Your goal
Of the lines below, count those containing the word "MANUFACTURER". Reply with the number alone.

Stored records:

+---+

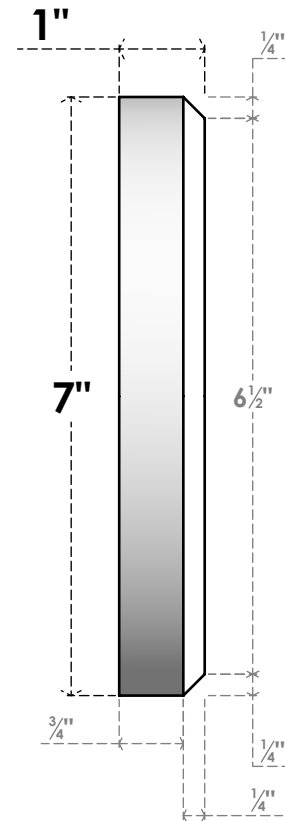

ROSP070X070X100GRY01

7"W X 7"H X 1"P STANDARD GRAYSON ROSETTE WITH BEVELED EDGE, ARCHITECTURAL GRADE PVC

FRONT

SIDE

EKENA MILLWORK
2300 WEST MAIN ST.
CLARKSVILLE, TX 75426
TOLL FREE: 866-607-0453
WWW.EKENAMILLWORK.COM

NOTES

1. INSTALLATION TO BE COMPLETED IN ACCORDANCE WITH MANUFACTURER'S SPECIFICATIONS.
2. DRAWING MAY NOT BE TO SCALE
3. THIS DRAWING IS INTENDED FOR DESIGN AND PLANNING PURPOSES ONLY.
4. ALL INFORMATION CONTAINED HEREIN WAS CURRENT AT THE TIME OF DEVELOPMENT BUT MUST BE REVIEWED AND APPROVED BY THE PRODUCT MANUFACTURER TO BE CONSIDERED ACCURATE.
5. ARCHITECTURAL GRADE PVC PRODUCTS ARE MADE FROM EXPANDED CELLULAR PVC AND COME NATURALLY WHITE BUT MAY BE PAINTED

+---+

Worked solution
2